What Walton saw in angling was not that delight in the consciousness of accomplishment and intelligence which sends the true fisherman to the river and keeps him there, rejoicing in his strength, whether he kill or go empty away. It was rather the pretext--with a worm and perhaps a good supper at one end and a contemplative man at the other--of a day in the fields: where the skylark soared, and the earth smelled sweet, and the water flashed and tinkled as it ran, while hard by some milk-maid, courteous yet innocent, sang as she plied her nimble fingers, and not very far away the casement of the inn-parlour gleamed comfortable promises of talk and food and rest.

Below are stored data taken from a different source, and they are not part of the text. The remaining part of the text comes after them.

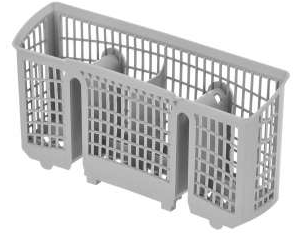

BOSCH食洗機 / IH アクセサリー・メンテナンスパーツ価格表

ベーキングトレイスプレーヘッド
メーカー希望小売価格2,200円 (税込)

小物クリップ (3個)
メーカー希望小売価格1,650円 (税込)

ボトルホルダー
メーカー希望小売価格2,750円 (税込)

カトラリーバスケット (小)
メーカー希望小売価格2,750円 (税込)

フィルターセット
メーカー希望小売価格16,280円 (税込)

食器洗浄機用庫内クリーナー3本セット
メーカー希望小売価格3,300円 (税込)

洗剤ケースフタ
メーカー希望小売価格5,720円 (税込)

リンス剤ケースフタ
メーカー希望小売価格3,960円 (税込)

ホイール (1個)
メーカー希望小売価格3,960円 (税込)

キャップ (28個入り/袋)
メーカー希望小売価格3,520円 (税込)

ドア面材固定金具セット
メーカー希望小売価格6,380円 (税込)

【60cmモデル用】本体固定ビス+アンカー (左右セット)
メーカー希望小売価格4,400円 (税込)

【45cmモデル用】本体固定ビス+アンカー (左右セット) *対象機種: SPI4HDS006 / SPI6ZDS006
メーカー希望小売価格2,200円 (税込)

上段バスケット用レールクリップ
メーカー希望小売価格5,170円 (税込)

Bosch ロゴ入りキャンバスバッグ
メーカー希望小売価格1,320円 (税込)

天板取付用固定金具
60cm用 4,600円 (税別) /5,060円 (税込)
45cm用 4,600円 (税別) /5,060円 (税込)

That was the Master Piscator who, being an excellent man of letters, went out to 'stretch his legs up Tottenham Hill' in search of fish, and came home with immortal copy; and that was the Izaak Walton who 'ventured to fill a part' of Cotton's 'margin' with remarks not upon his theory of how to angle for trout or grayling in a clear stream but 'by way of paraphrase for your reader's clearer understanding both of the situation of your fishing house, and the pleasantness of that you dwell in.' He had the purest and the most innocent of minds, he was the master of a style as bright, as sweet, as refreshing and delightful, as fine clean home-spun some time in lavender; he called himself an angler, and he believed in the description with a cordial simplicity whose appeal is more persuasive now than ever. But he was nothing if not the citizen afield--the cockney aweary of Bow Bells and rejoicing in 'the sights and sounds of the open landscape.' After all it is only your town-bred poet who knows anything of the country, or is moved to concern himself in anywise for the sensations and experiences it yields. Milton was born in Bread Street, and Herrick in Cheapside. Yet Milton gave us the Allegro and the Penseroso and the scenery in Comus and the epic; while as for Herrick--the Night-Piece, the lovely and immortal verses To Meadows, the fresh yet sumptuous and noble To Corinna Going a-Maying, these and a hundred more are there to answer for him. Here Walton is with Herrick and Milton and many 'dear sons of Memory' besides; and that is why he not only loved the country but was moved to make art of it as well.